Penampilan Li Lingjing memang menawan. Dengan pulihnya semangatnya, ia tampak telah mendapatkan kembali kepercayaan dirinya, membuatnya semakin mempesona.

Ia berlutut di atas bantal di samping meja teh. Dengan bibir merahnya sedikit melengkung ke atas, ia berkata, “Sepupu Li Luo, kata-katamu terlalu manis.”

“Aku tidak memiliki sifat yang menonjol,”Kecuali fakta bahwa saya jujur,” jawab Li Luo dengan tulus.

“Sungguh sifat yang baik. Ditambah dengan wajahmu yang tampan, keberuntunganmu dengan para wanita pasti tak tertandingi,” jawabnya sambil tersenyum.

“Penampilan yang kumiliki hanyalah warisan dari orang tuaku. Aku masih lebih suka orang lain fokus pada kecantikan batinku,” kata Li Luo dengan serius.

Mendengar ini, Li Lingjing menutup mulutnya dan terkekeh pelan. “Sepupu Li Luo, jika kau terus bersikap lucu, aku benar-benar ingin menjadi pelayanmu.”

Li Luo tiba-tiba tampak getir dan menjawab, “Sepupu, berhentilah mempermainkanku. Aku tidak berani membiarkanmu menjadi pelayanku. Kau terlalu luar biasa—aku takut aku tidak akan bisa menjelaskannya kepada tunanganku di masa depan.”

Dengan tatapan penasaran, Li Lingjing bertanya, “Apakah kau benar-benar punya tunangan?”

Li Luo mengangguk dan berkata, “Bagaimana mungkin aku berbohong tentang itu?”

Jika dipikir-pikir, sepertinya Jiang Qing’e telah membatalkan pertunangan mereka ketika dia pergi sebelumnya. Sejujurnya, mungkin dia bukan lagi tunangannya?

Ketika dia memikirkan hal ini, teh di tangannya tidak terasa manis lagi.

Bukan berarti perasaan mereka satu sama lain akan berubah tanpa selembar kertas, tetapi tetap saja terasa sedikit janggal tanpa itu.

Li Luo menghela napas dalam hati.
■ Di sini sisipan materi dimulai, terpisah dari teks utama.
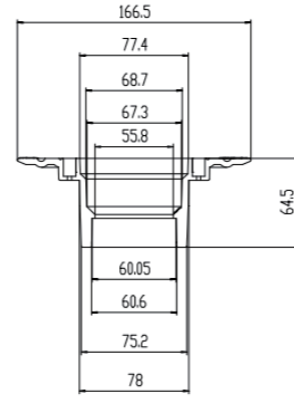

Description: Shower tray drain
 Material: PP body
 Size: outlet Φ 54mm
 Hole size: 192*50mm
 Installing height: 60mm
 Water flow: 60L/min
 Water seal: 40mm

DOMO 021

Description: Shower tray drain
Material: PP body

DOMO 026

Description: Shower tray drain
Material: PP body
Hole size: 90 mm

DOMO 022

Description: Shower tray drain
Material: PP body
Hole size: 90 mm

DOMO 027

Description: Shower tray drain
Material: PVC body
Size: outlet $\Phi 64.5$ mm
Hole size: 114 mm
Installing height: 83mm
water flow: 24L/min
water seal: 50mm

DOMO 023

Description: Shower tray drain
Material: PP body
Hole size: 90 mm

DOMO 028

Description: Shower tray drain
Material: PVC body
Water flow: 80 L/min

DOMO 025

Description: Shower tray drain
Material: PP body
Hole size: 90 mm

DOMO 029

Description: Shower tray drain
Material: brass body
water flow: 80 L/min

DOMO 038

Description: Floor drain
Material: SS304 ,ABS ,PVC body
Water flow: 80L/min

DOMO 061

Description: SINK drain
Material: SS304 PVC body
Water flow: 80L/min

Dia ingin membuat perjanjian pertunangan baru dengan Jiang Qing’e setelah memutuskan yang sebelumnya. Namun, Jiang Qing’e telah menyalakan Hati Cahayanya, dan dia secara alami melupakan semua hal kecil ini.

“Bukankah kau berasal dari benua ilahi luar? Jadi, apakah tunanganmu juga dari sana?” Li Lingjing terus bertanya dengan penasaran.

Li Luo mengangguk.

Li Lingjing tertawa lagi dan menjawab, “Sepupu Li Luo, kau benar-benar membuatku terkesan. Bahkan setelah datang ke benua ilahi dalam, kau masih mengingat kekasihmu. Ada banyak gadis bangsawan di Garis Keturunan Taring Naga yang bisa kau pilih, asalkan kau mau melamar.”

Sambil tersenyum, Li Luo berkata, “Aku tidak pernah merasa seperti itu.”

Li Lingjing mengangguk dan melanjutkan dengan penuh minat, “Tapi meskipun kau tidak berpikir begitu, dengan bakat dan latar belakangmu, kau pasti akan menjadi salah satu bujangan terbaik di Benua Ilahi Asal Surgawi di masa depan. Ketika saatnya tiba, akan ada banyak wanita cantik yang jatuh cinta padamu. Saat itu, mungkin kau masih akan merindukan kekasih lamamu. Tapi bagaimana perasaannya ketika dihadapkan dengan begitu banyak lawan yang lebih cantik darinya?”

Li Luo terkejut ketika mendengar ini. Ekspresinya sedikit rumit.

Lawan yang lebih cantik? Bagaimana perasaannya?

Apakah angsa putih besar itu benar-benar akan memikirkan hal-hal seperti itu? Melihat reaksinya, Li Lingjing bertindak seolah-olah dia tidak bisa berkata-kata dan tidak menyelidiki lebih lanjut. Dia mengambil teko dan menuangkan minuman untuk dirinya sendiri.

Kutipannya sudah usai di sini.